When Art is Cooler -- and More Conservative -- Than Politics

When politicians lose themselves in the pyrotechnics of their own romantic ecstasies, even artists will feel compelled to step in and provide the needed dousing.
This post was published on the now-closed HuffPost Contributor platform. Contributors control their own work and posted freely to our site. If you need to flag this entry as abusive, send us an email.

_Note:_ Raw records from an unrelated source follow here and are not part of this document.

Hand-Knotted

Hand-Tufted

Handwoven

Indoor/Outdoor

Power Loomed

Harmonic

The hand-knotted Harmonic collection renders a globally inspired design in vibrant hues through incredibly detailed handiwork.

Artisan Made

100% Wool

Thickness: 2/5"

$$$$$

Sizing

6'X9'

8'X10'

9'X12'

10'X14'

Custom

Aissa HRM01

If art and politics run counter to each other, it's little wonder that a hip new production at the Spoleto Festival USA is so anti-utopian. Why? Because the leading utopian in the world today is our own 43rd president, who preaches, and practices, a kind of coercive do-gooderism that has caused a far-reaching backlash, from the streets of Baghdad to the capitals of Eurasia -- and now even to the theatrical stages of Charleston, SC. And while George W. Bush might be totally oblivious to trends in art, it's fair to predict that the artists of the future will not be oblivious to Bush.

The production at the Spoleto festival -- founded by the legendary Gian-Carlo Menotti in 1977 -- is a memorable reworking of an otherwise unmemorable opera, Christoph Willibald Gluck's 1758 L'ile de Merlin ou Le monde renversé ("The Isle of Merlin, or, the World Turned Upside Down"). While much of Gluck's work is well known, this presentation is, in fact, the American premiere of Merlin -- 249 years after it debuted in Vienna.

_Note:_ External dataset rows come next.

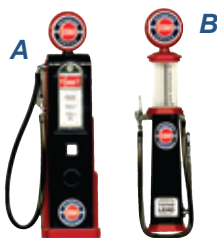

VINTAGE GAS PUMPS

Studebaker gas pump.
5" tall. Metal. Gift
boxed.

(A) **801799**
$5.95 ea.

(B) **801800**
$5.95 ea.

Perhaps the delay indicates that this isn't the composer's finest piece, but it's a bravura effort by New York-based director Christopher Alden. Alden has updated the work, using modern sets and costumes--and, more to the point, referencing modern politics.

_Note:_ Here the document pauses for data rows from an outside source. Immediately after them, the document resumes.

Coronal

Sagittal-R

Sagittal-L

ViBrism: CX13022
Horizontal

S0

Gluck intended Merlin as a satire of Parisian manners: In his "reverse Paris," spouses are always faithful to each other, lawyers are always honest, and leaders are always good-hearted.

Yet at the same time, Merlin is a window into a more optimistic era. Gluck was a product of Enlightenment thinking -- promoting the vision, thanks to Reason, of a brighter and better world. As Schiller rhapsodized in his 1786 "Ode to Joy," "All men become brothers." But then came the French Revolution, the Russian Revolution, and any number of other blood-drenched stabs at building a better world -- coercively, by brute force.

And so by the 20th century, artists and writers had turned decisively anti-utopian. Yevgeny Zamyatin's dystopian We, published in 1921, was followed by Aldous Huxley's Brave New World and George Orwell's 1984.

Yet despite all the failures of coercive utopianism, politicians have continued to push the idea, perhaps because such grandiloquent scheming assigns them a leading role in the drama. Even mediocre pols, possessing ordinary intellects, warm to the idea of taking their place among the Great Movers and Shakers of History.

A case in point is George W. Bush, who has gone from being a traditionally conservative incrementalist as governor of Texas to a revisionist "neoconservative" visionary as president. Quaffing deeply from speechwriter Michael Gerson's romantic tankard of rhetoric, Bush stunned the world with his 2005 inaugural address, in which he recalled the events of his first term, using a deliberate--but unfortunate--fire simile: "By our efforts, we have lit a fire as well--a fire in the minds of men." He doubtless didn't know it, but "fire in the minds of men" is almost a direct quote from Fyodor Dostoevsky's 1872 novel The Possessed, in which a Russian official watches helplessly as revolutionaries burn down his house. "It's all incendiarism!" he cries out. "It's nihilism!" To which an observer answers, "The fire is in the minds of men and not in the roofs of houses."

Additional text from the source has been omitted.